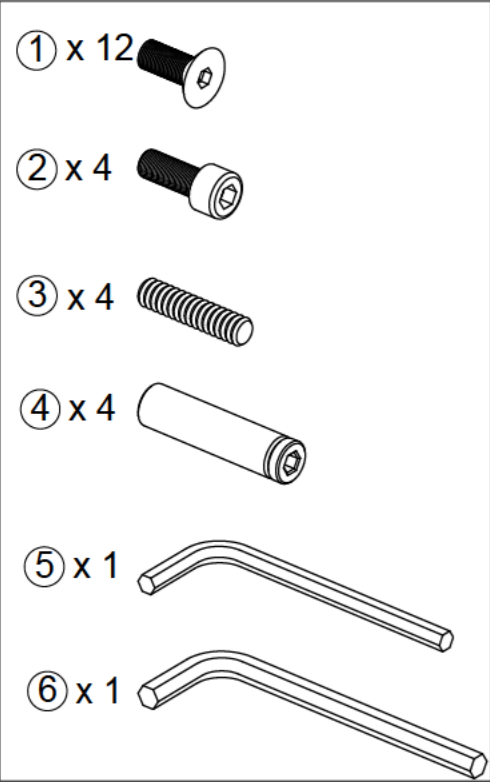

069692
EIK CHAIR

1

2

2,54 cm = 1 US INCH

3

① x 12  ② x 4 

069692
EIK CHAIR

1
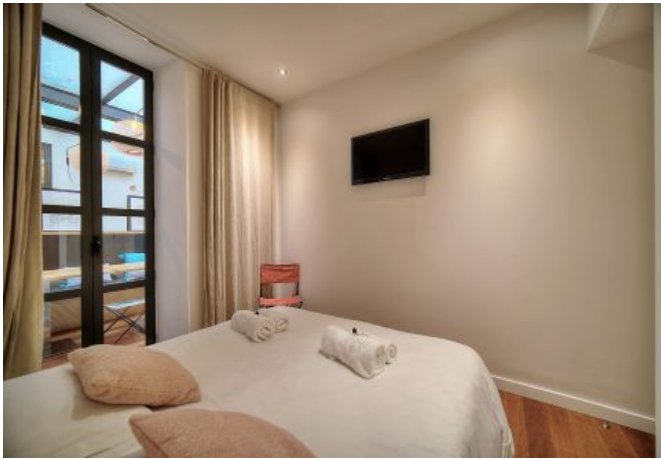

Description

Pretty newly refitted 4 bedrooms, spacious, modern design, in a traditional building on the 1st floor with no lift.

It will accommodate up to 8 guests in 4 bedrooms with :

- 2 single beds each (that can be made double)
- 4 bathrooms with shower and toilets.
- Features 2 American (luxury) kitchens with dining table one leading to a covered patio
- 2 Main rooms (one with separate office corner).

TOP LOCATION & COMFORT 4 BEDROOMS 4 BATHROOMS.

Caractéristiques

Floor : 1	beds : 8	wcs : 4
distance from palais : 3	distance from train station : 2	bathrooms : 4
convertible / sofa bed	equipped kitchen	tv
reversilble ac	heater	clothes dryer
microwave	wifi	dishwasher

Photos

Photos

Photos

Photos

Photos

Photos

Photos

Photos
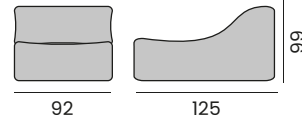

BENITO

fabric agora, quick dry foam
tissu agora, mousse séchage rapide

lounge seat - *siège lounge*

- **97924** | senda dragon light grey - *grise claire*
- **97926** | senda sombra dark grey - *grise foncée*
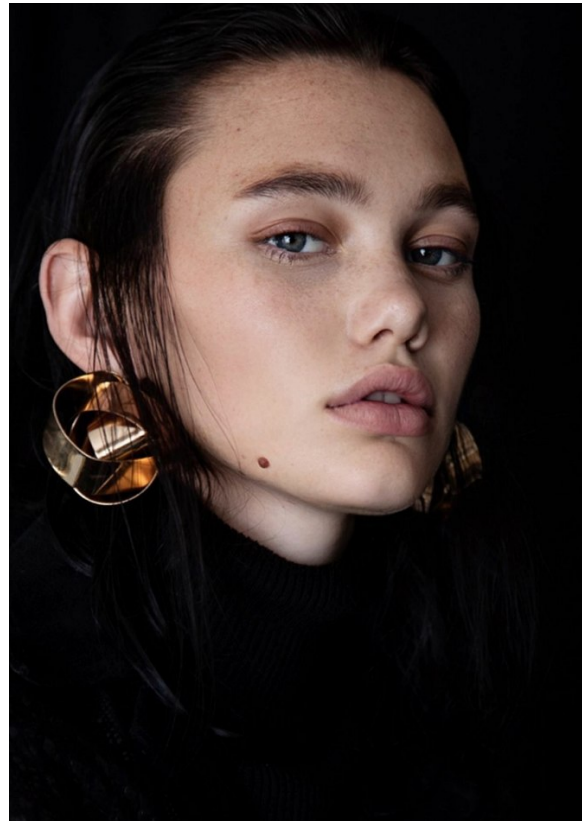

BOSS MODELS

JOHANNESBURG

ROCHELLE PRETORIUS

Height: 173cm Bust: 78cm Waist: 60cm Hips: 92cm Shoe: 5 UK Hair: Dark Brown Eyes: Green

BOSS MODELS

JOHANNESBURG

ROCHELLE PRETORIUS

Height: 173cm Bust: 78cm Waist: 60cm Hips: 92cm Shoe: 5 UK Hair: Dark Brown Eyes: Green

BOSS MODELS

JOHANNESBURG

ROCHELLE PRETORIUS

Height: 173cm Bust: 78cm Waist: 60cm Hips: 92cm Shoe: 5 UK Hair: Dark Brown Eyes: Green
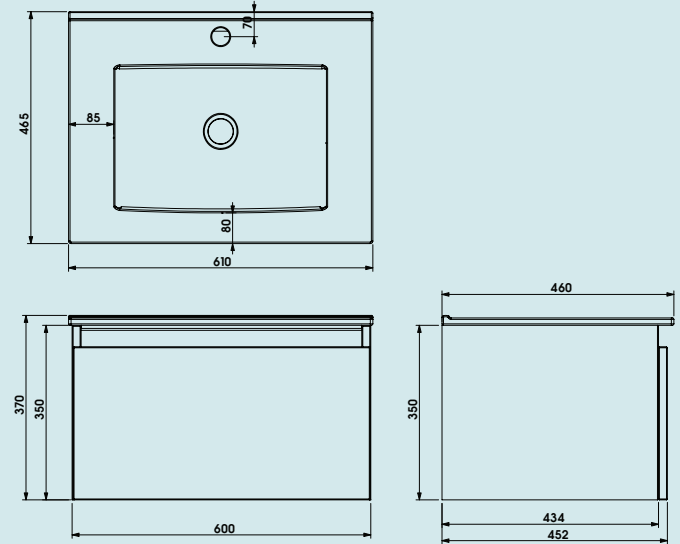

600mm Suspended Single Drawer Basin Unit With Ceramic Basin

Single Drawer
Basin Unit
600

Buying code: NL6BUSDRWS (+ Colour code)

Diagrams not to scale.
All dimensions in mm tolerance of +/- 2mm

Specification:

Unit Weight:	28.4kg
Depth of unit with doors open:	730mm
Width of unit with doors open:	600mm

95% of packaging is recyclable
Check local recycling info for correct disposal
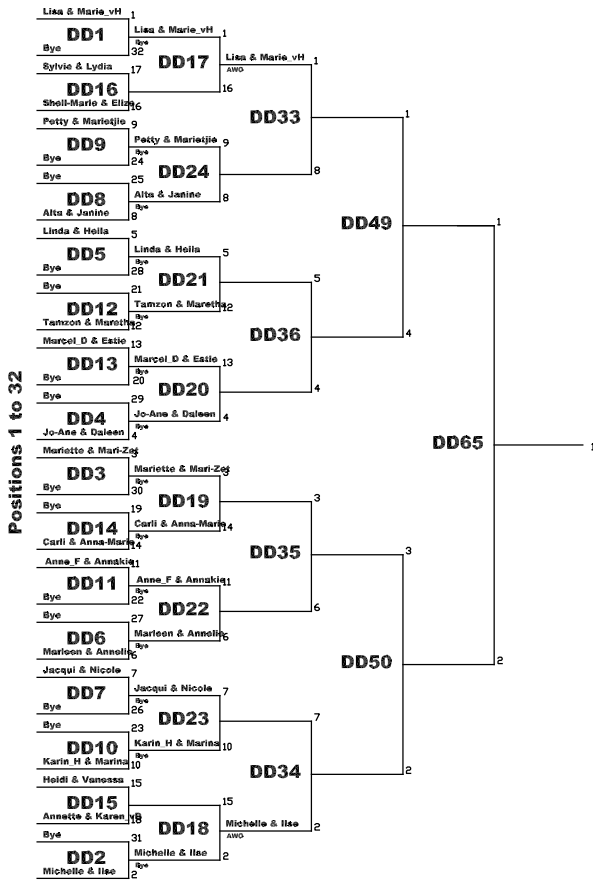

Auto Walk Over - Difference of 12 places or more

Ladies Doubles

Ladies Doubles
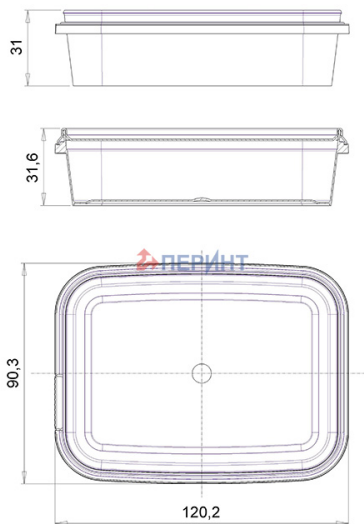

Rectangular container 200ml/ 91mm tamper evident

Product code: 00040185

Volume, ml	200
Lid size, mm	91
Height, mm	32
Base shape	Rectangular
Side wall shape	Straight
Types of closures	Tamper evident
Types of lids	Leakproof
IML on body	-
IML on the lid	Yes

Minimum order quantity	Body	Lid	Set
Pieces per box	500	1 000	1 000
Logistics	Body	Lid	Set
Pieces per box	500	1 000	1 000
Box size (mm)	580x370x295	600x400x185	-
Box weight with product (kg)	6,4	8,1	20,9
Volume (m3)	0,075	0,052	0,202
Quantity of boxes (pcs)	2	1	3
Quantity in pallet (pcs)	14 000	40 000	-
Pallet weight with goods (kg)	202	344	-
Pallet height with goods (m)	2,22	2	-

▬▬▬

Task to carry out ::
Transcribe exactly the span of lines from the line holding "- **97924** |" through the last line above, both included. Pictures stay out.

Written solution ::
- **97924** | senda dragon light grey - *grise claire*
- **97926** | senda sombra dark grey - *grise foncée*

BOSS MODELS

JOHANNESBURG

ROCHELLE PRETORIUS

Height: 173cm Bust: 78cm Waist: 60cm Hips: 92cm Shoe: 5 UK Hair: Dark Brown Eyes: Green

BOSS MODELS

JOHANNESBURG

ROCHELLE PRETORIUS

Height: 173cm Bust: 78cm Waist: 60cm Hips: 92cm Shoe: 5 UK Hair: Dark Brown Eyes: Green

BOSS MODELS

JOHANNESBURG

ROCHELLE PRETORIUS

Height: 173cm Bust: 78cm Waist: 60cm Hips: 92cm Shoe: 5 UK Hair: Dark Brown Eyes: Green

600mm Suspended Single Drawer Basin Unit With Ceramic Basin

Single Drawer
Basin Unit
600

Buying code: NL6BUSDRWS (+ Colour code)

Diagrams not to scale.
All dimensions in mm tolerance of +/- 2mm

Specification:

Unit Weight:	28.4kg
Depth of unit with doors open:	730mm
Width of unit with doors open:	600mm

95% of packaging is recyclable
Check local recycling info for correct disposal

Auto Walk Over - Difference of 12 places or more

Ladies Doubles

Ladies Doubles

Rectangular container 200ml/ 91mm tamper evident

Product code: 00040185

Volume, ml	200
Lid size, mm	91
Height, mm	32
Base shape	Rectangular
Side wall shape	Straight
Types of closures	Tamper evident
Types of lids	Leakproof
IML on body	-
IML on the lid	Yes

Minimum order quantity	Body	Lid	Set
Pieces per box	500	1 000	1 000
Logistics	Body	Lid	Set
Pieces per box	500	1 000	1 000
Box size (mm)	580x370x295	600x400x185	-
Box weight with product (kg)	6,4	8,1	20,9
Volume (m3)	0,075	0,052	0,202
Quantity of boxes (pcs)	2	1	3
Quantity in pallet (pcs)	14 000	40 000	-
Pallet weight with goods (kg)	202	344	-
Pallet height with goods (m)	2,22	2	-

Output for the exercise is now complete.